The perpetrator, Thomas G. Doty, arrived at the gate just moments before departure.

Flight 11 departed O'Hare at 8:35 p.m. The flight was routine until just before the Mississippi River when it deviated from its filed flight plan to the north to avoid a line of thunderstorms. In the vicinity of Centerville, Iowa, the radar image of the aircraft disappeared from the scope of the Waverly, Iowa, Flight Following Service. At approximately 9:17 p.m. an explosion occurred in the right rear lavatory, resulting in the separation of the tail section from the fuselage. The flight crew initiated the required emergency descent procedures and donned their smoke masks due to the dense fog that formed in the cabin immediately after decompression. Following the separation of the tail, the remaining aircraft structure pitched nose down violently, causing the engines to tear off, after which it fell in uncontrolled gyrations. The fuselage of the Boeing 707, minus the aft 38 ft, and with part of the left and most of the right wing intact, struck the ground, headed westerly down a 10-degree slope of an alfalfa field.

Witnesses in and around both Cincinnati, Iowa and Unionville reported hearing loud and unusual noises at around 9:20 p.m. Two more saw a big flash or ball of fire in the sky. A B-47 Stratojet bomber flying out of Forbes Air Force Base in Topeka, Kansas was flying at the altitude of 26500 ft in the vicinity of Kirksville, Missouri. The aircraft commander saw a bright flash in the sky forward and above his aircraft's position. After referring to his navigation logs, he estimated the flash to have occurred at 9:22 p.m. near the location where the last radar target of Flight 11 had been seen. Most of the fuselage was found near Unionville, but the engines and parts of the tail section, and left wing were found up to 6 mi away from the main wreckage.

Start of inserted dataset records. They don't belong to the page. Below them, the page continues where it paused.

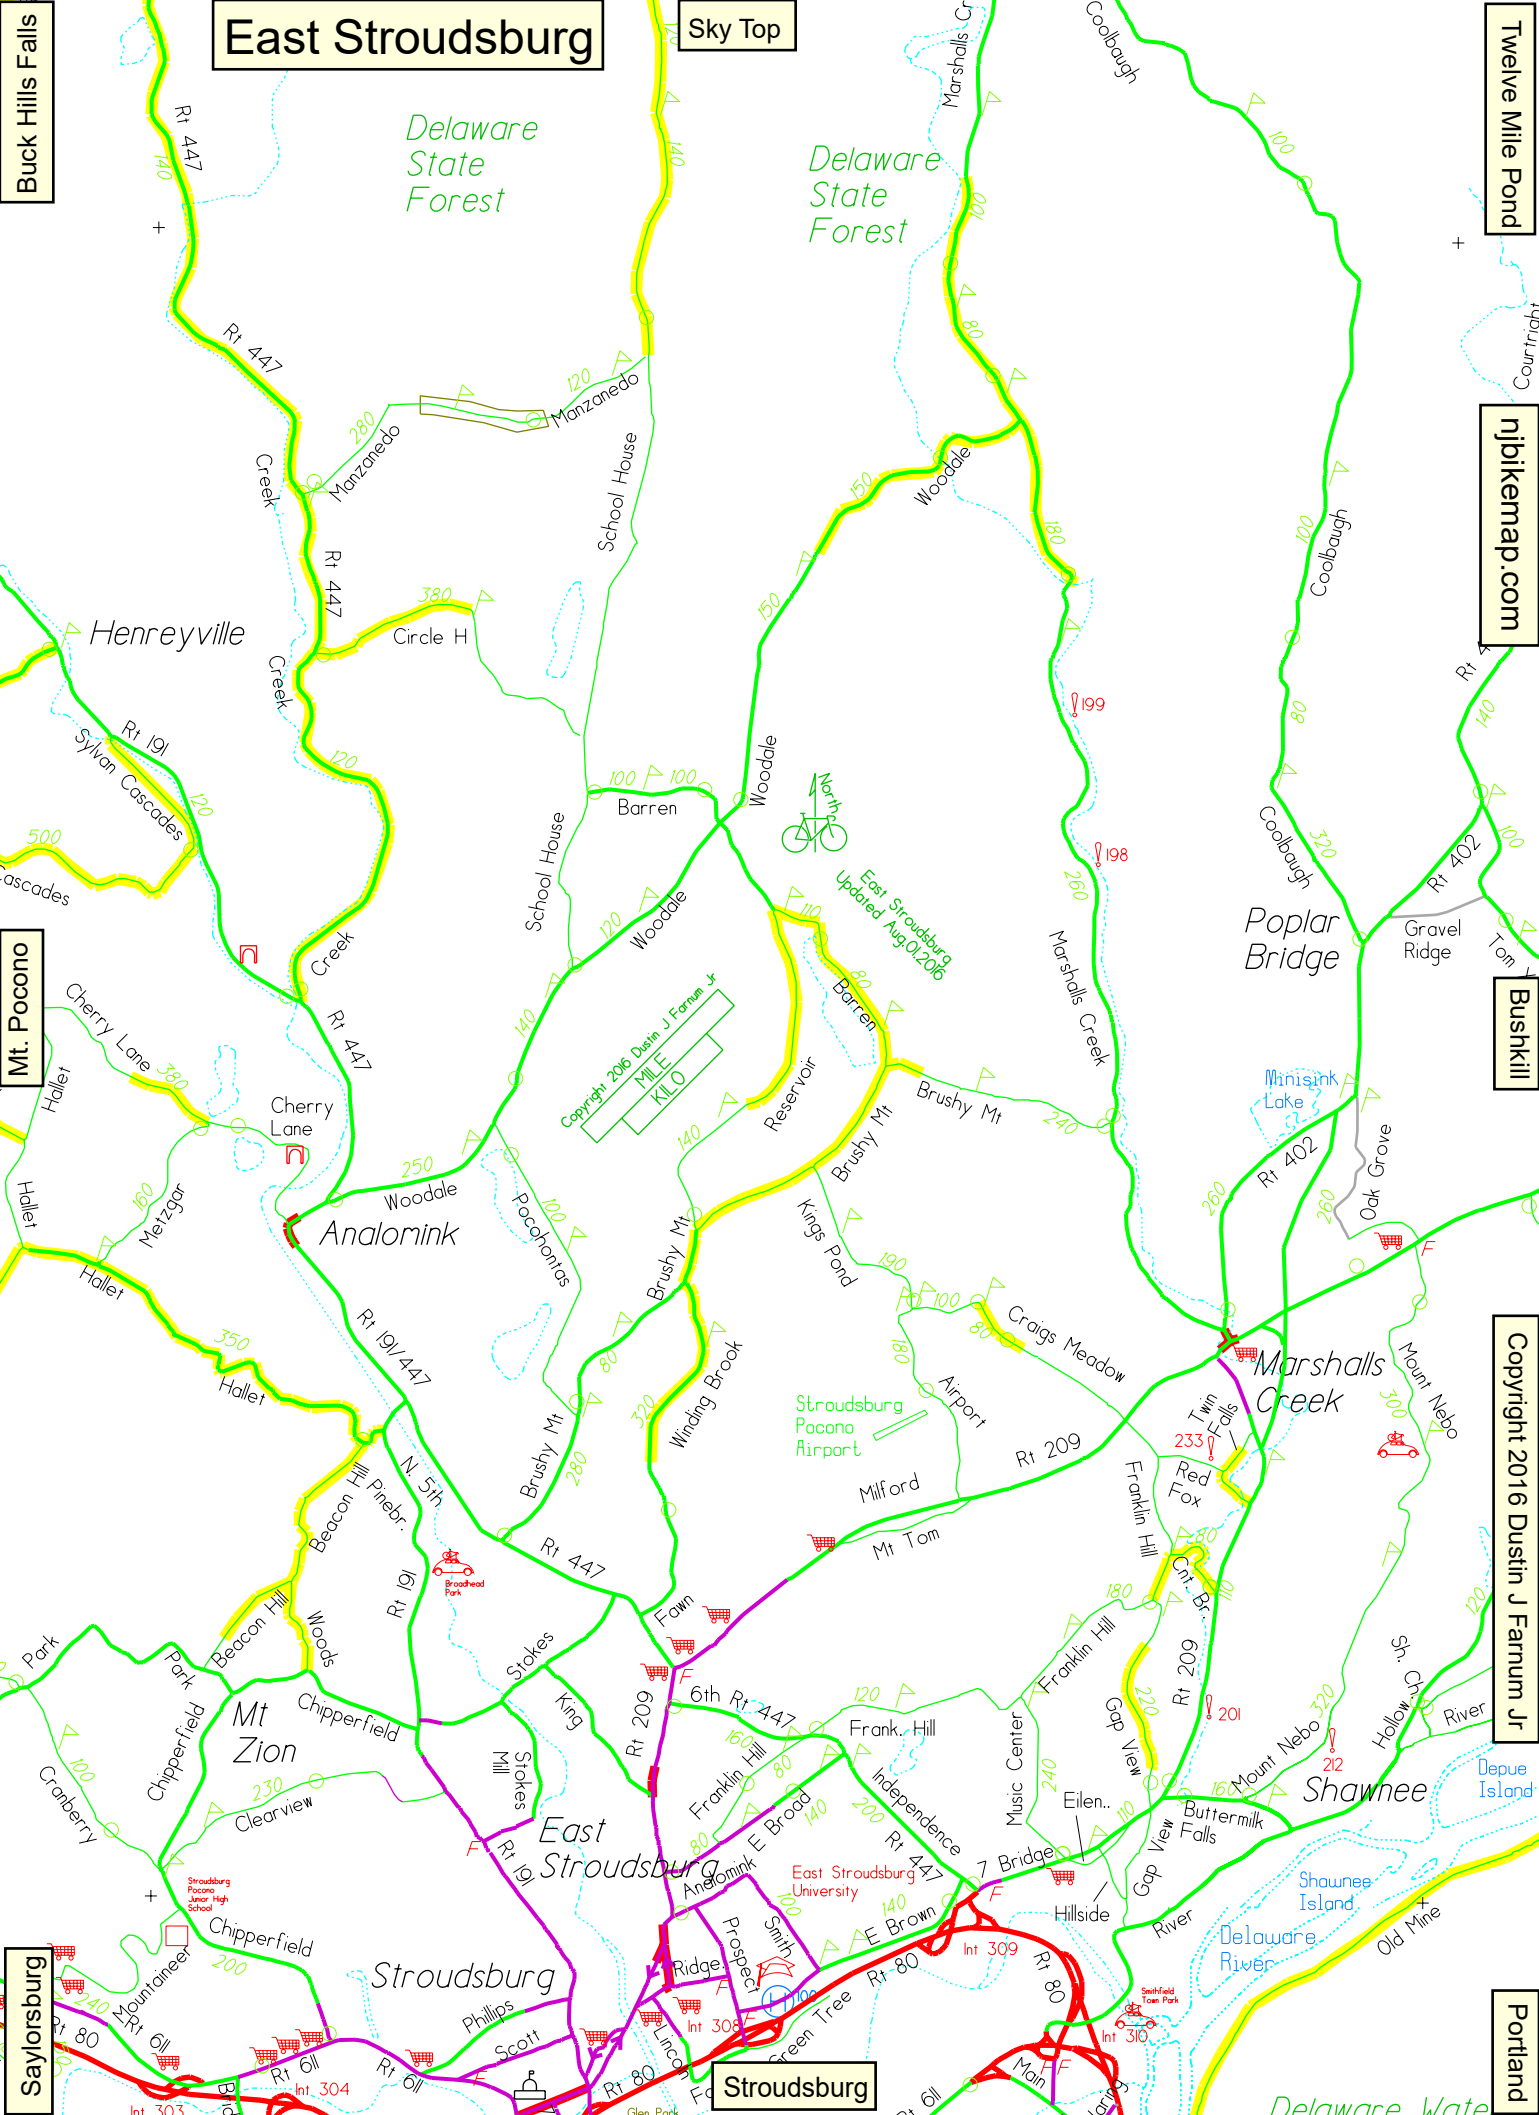

# East Stroudsburg

Sky Top

Buck Hills Falls

Twelve Mile Pond

njbikemap.com

Bushkill

Copyright 2016 Dustin J Farnum Jr

Portland

Mt. Pocono

Saylorsburg

Delaware State Forest

Delaware State Forest

Henreyville

Poplar Bridge

Analomink

Marshalls Creek

Mt Zion

East Stroudsburg

Shawnee

Stroudsburg

Stroudsburg

Delaware Water

Of the 45 individuals on board, 44 were dead when rescuers reached the crash site. One passenger, a 27-year-old man, died of internal injuries at Saint Joseph Mercy Hospital in Centerville, Iowa, an hour and a half after being rescued.

==Investigation==
FBI agents discovered that Doty, a married man with a five-year-old daughter, had purchased a life insurance policy from Mutual of Omaha for $150,000 (roughly equivalent to $ in 2022), the maximum available; his death would also bring in another $150,000 in additional insurance (some purchased at the airport) and death benefits. Doty was about to appear in court on an armed robbery charge. Doty had purchased six sticks of dynamite shortly before the flight, took them into the lavatory in his briefcase, and ignited them. His motive was that his wife and daughter would collect on the $300,000 of life insurance. His widow attempted to collect on the insurance, but the policy was voided when Doty's death was ruled a suicide.

In July 2010, a memorial was erected near the crash site in Unionville, Missouri on the anniversary of the crash.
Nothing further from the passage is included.